Then I knelt down, my heart knocking against my side, and dragged from out its hiding-place the box in which I kept my money. Gritty with the undisturbed dust of our absence, it was locked. I drew back, my hand on my mouth. What could be the meaning of this? My stranger had come and gone. Had he been so stupidly punctilious that, having taken out the twenty pounds, he had relocked an almost empty box?

Or had he, at the last moment...? This riddle distressed me so much that instantly I was seized with a violent headache. But nothing could be done for the present. I laid by the violets in a drawer, pushed back the box, and, making as good a pretence at eating my supper as I could, prepared for the night.

One by one the clocks in hall and kitchen struck out the hours, and, the wind being in the East, borne on it came the chimes of St Peter's. Automatically I counted the strokes, turning this way and that, as if my life depended on this foolish arithmetic, yet ready, like Job, to curse the day I was born. What had my existence been but a blind futility, my thought for others but a mask of egotism and selfishness? Yet, in all this turmoil of mind, I must have slept, for suddenly I found myself stiff, drawn-up, and wideawake—listening to a cautious, reiterated tapping against my window-pane. A tallow night-light burned beside me in a saucer of water. For the first time in my life—at least since childhood—I had been afraid to face the dark. Why, I know not; but I at once leapt out of bed and blew out that light. The night was moonless, but high and starry. I peered through the curtains, and a shrouded figure became visible in the garden—Fanny's.

Curtain withdrawn, we looked each at each through the cold, dividing glass in the gloom—her eyes, in the night-spread pallor of her skin, as if congealed.

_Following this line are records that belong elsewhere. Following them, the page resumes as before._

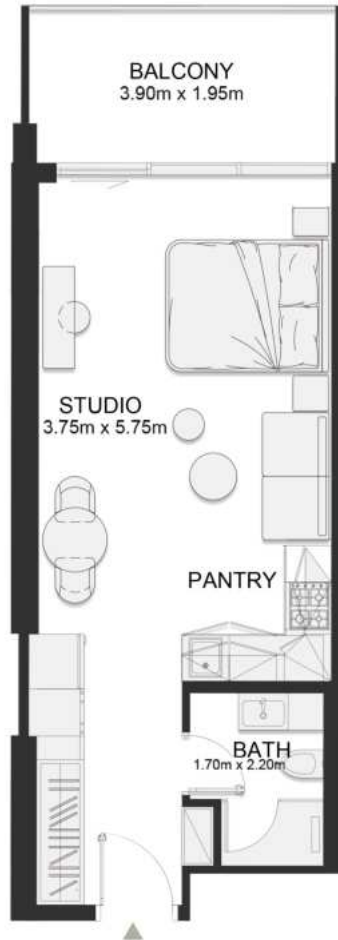

SEVENTH FLOOR PLAN

UNIT B719

Deluxe Studio

	SQ.M	SQ.FT
Suite	36.94	398
Balcony	8.09	87
Total area	45.03	485

SEVENTH FLOOR PLAN

UNIT B720

Deluxe Studio

	SQ.M	SQ.FT
Suite	36.93	398
Balcony	8.08	87
Total area	45.01	484

UNIT B721

Deluxe Studio

	SQ.M	SQ.FT
Suite	36.94	398
Balcony	8.09	87
Total area	45.03	485

SEVENTH FLOOR PLAN

UNIT B722

Deluxe Studio

	SQ.M	SQ.FT
Suite	36.84	397
Balcony	8.08	87
Total area	44.92	484

SEVENTH FLOOR PLAN

The dark lips, with an exaggerated attempt at articulation, murmured words, but I could catch no meaning. The face looked almost idiotic in these contortions. I shuddered, shook my head violently. She drew back.

Terrified that she would be gone—in my dressing-gown and slippers I groped my way across the room and was soon, with my door open, in the night air. She had heard me, and with a beckon of her finger, turned as if to lead me on.

"No, no," I signalled, "I have no key." With a gesture, she drew close, stooped, and we talked there together, muttering in the porch.

"Midgetina," she whispered, smiling bleakly, "it's this wretched money. I must explain. I'm at my wit's end—in awful trouble—without it."

Huddled close, I wasted no time in asking questions. She must come in. But this she flatly refused to do. Yet money, money was her one cry: and that she must have before she saw her mother again. Not daring to tell her that I was in doubt whether or not my savings were still in my possession, I pushed her hand away as she knelt before me on the uppermost step. "I must fetch it," I said.

By good fortune my money-box was not the weightiest of my grandfather's French trunks—not the brass-bound friend-in-need of my younger days, and it contained little but paper. I hoisted it on to my bed, and, as I had lately seen the porters do at the railway station, contrived to push under it and raise it on to my shoulder. Its edge drove in on my collar-bone till I thought it must snap. Thus laden, I staggered cautiously down the staircase, pushed slowly across the room, and, so, out into the passage and towards the rounded and dusky oblong of the open door.